Neither project has been sanctioned, but Shell has asked contractors to re-tender their bids for work on its development in an attempt to drive down costs ahead of a final investment decision next year.

Rio Tinto also recently wrapped up an almost $5-billion modernization of its aluminum smelter, a project that brought 1,500 construction workers to the town of 8,000 people.

An LNG project, Germuth said, will likely bring 4,500 or more construction workers to town. The mayor isn’t concerned that Malaysia’s Petronas and China’s CNOOC Nexen had cancelled their multi-billion-dollar proposed LNG projects in nearby Prince Rupert and doesn’t expect Shell would follow suit.

Natural gas market experts based in Calgary agree.

“I’ve always said ‘no way’ to greenfield B.C. LNG, and I’ve changed my mind,” Stream Asset Financial Management principal and long-time natural gas analyst Dan Tsubuchi said, adding that he’s gone from bearish to bullish on prospects for a West Coast LNG project.

Tsubuchi published research Wednesday that said global LNG markets are already coming back into balance because there is currently no surplus of LNG cargoes looking for a home in places like Europe.

Tsubuchi also cited a Bloomberg interview with Royal Dutch Shell Plc’s head of LNG Maarten Wetselaar in which the Shell executive said, “Over the last 18 months, every LNG cargo that could technically be produced in this world has been produced and has found a well-paying customer. So this market is more in balance than people perhaps perceive.”

Tsubuchi also cited China’s plan to generate 15 per cent of its electricity from natural gas by 2030 as a “game changer” for global natural gas markets that would create an undersupply of LNG two to three years earlier than expected.

“And if so, we believe BC LNG will be back and there is a higher probability than ever before for a Shell FID on its B.C. LNG project in 2018,” he said.

Similarly, analysts at Bernstein Research note that LNG demand has grown 12 per cent year-over-year and further growth would lead to projects being sanctioned in Canada.

“Everything depends on what buyers want and projects in Mozambique and Canada cannot be ruled out given interests from buyers in further supply diversification,” the analysts wrote in a report, noting that Canadian projects could compete directly against those in the U.S.

LNG Canada spokesperson Susannah Pierce said LNG demand is currently growing at a rate of 5 per cent per year and there will be an opportunity for LNG shipments from Canada to find markets after 2022.
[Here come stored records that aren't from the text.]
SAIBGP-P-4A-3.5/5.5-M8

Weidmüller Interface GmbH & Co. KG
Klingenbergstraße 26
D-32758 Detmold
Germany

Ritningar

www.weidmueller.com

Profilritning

“So when we think about the LNG Canada, we are anticipating that we need to have this project sanctioned in such a time that we can meet that new wave of demand,” she said, adding the project would likely take 4 to 5 years to complete.

Pierce confirmed the company is currently decommissioning and dismantling the old Methanex Corp. facility in Kitimat, where LNG Canada’s project is located, and the project will be ready for construction as soon the owners make a decision.
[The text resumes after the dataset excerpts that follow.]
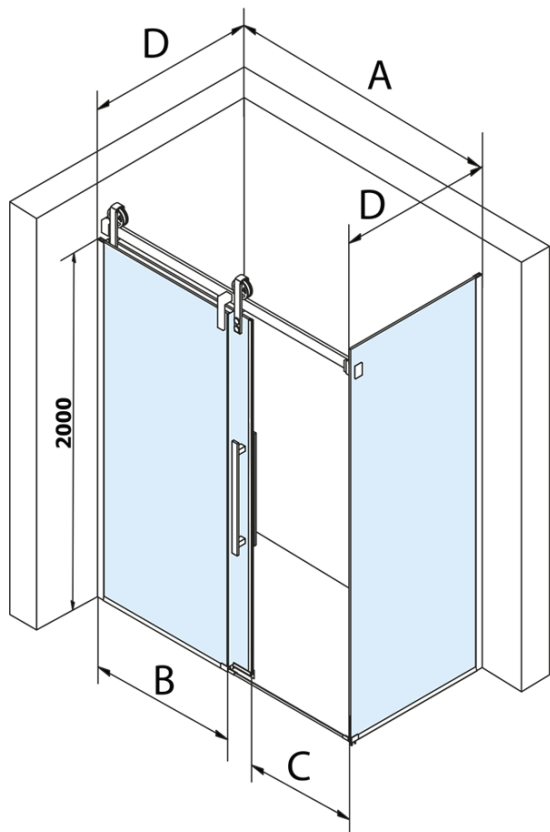

VOLCANO obdélníkový sprchový kout 1400x900mm L/P varianta

Objednací kód: GV1014GV3090

Základní informace

Značka: Gelco
Série: VOLCANO

Rozměry

Šířka: 1400 mm
Výška: 2180 mm
Hloubka: 900 mm

Parametry

Barva profilu: Chrom - Leštěný hliník
Tvar: Obdélníkové zástěny
Typ otevírání: Posuvné
Směr otevírání: Univerzální
Šířka vstupu: 535 mm
Typ výplně: Čiré sklo
Úprava skla: Coated glass
Tloušťka skla: 8 mm
Vlastnosti: Bezrámové provedení
Hmotnost / ks: 117.17 kg
Balení: 2 ks
Záruka: 3 roky

Náhradní díly

Spodní těsnění na dveře, sklo 8mm, 1000mm (Objednací kód: NDGD02)
Magnetické těsnění ploché, sklo 8mm, 2000mm (Objednací kód: NDGV02)
VOLCANO madlo (Objednací kód: NDGV-MADLO)
Přetoková lišta (1000mm) včetně koncovek, chrom (Objednací kód: NDAL05)

Technický list

MODEL	A	C	B
GV1012	1183-1223	435	~598
GV1013	1283-1323	485	~648
GV1014	1383-1423	535	~698
GV1015	1483-1523	585	~748
GV1016	1583-1623	635	~798
GV1018	1783-1823	645	~998

MODEL	D
GV3080	780-800
GV3090	880-900
GV3010	980-1000

Shell and its Asian partners – PetroChina, Korea Gas Corp. and Mitsubishi Corp. – are expected to make a decision next year to build their LNG terminal in Kitimat, which would include two liquefaction trains to chill natural gas to its liquid state for export.

Recent LNG project cancellations are not an indication that other projects in Canada are not competitive and will not be built, Western Canada Gas Monetization Group senior vice-president Bill Gwozd said. “The idea that LNG on West Coast won’t go forward is just not true,” he said.

While projects have been cancelled in the short-term, in the medium- to long-term, worldwide demand for LNG will rise even as other gas exporting nations such as Indonesia exhaust their supplies of natural gas, he said.

“It’s coming. It is not dead. It is short sighted that politicians in B.C. that are not still advocating. It’s coming. They need to be on the bandwagon,” Gwozd said.

B.C. Minister of Energy, Mines and Petroleum Resources Michelle Mungall said the province offered many advantages for LNG exporters, including shorter shipping distances to Asia, and that many First Nations have told her that they support the industry’s development.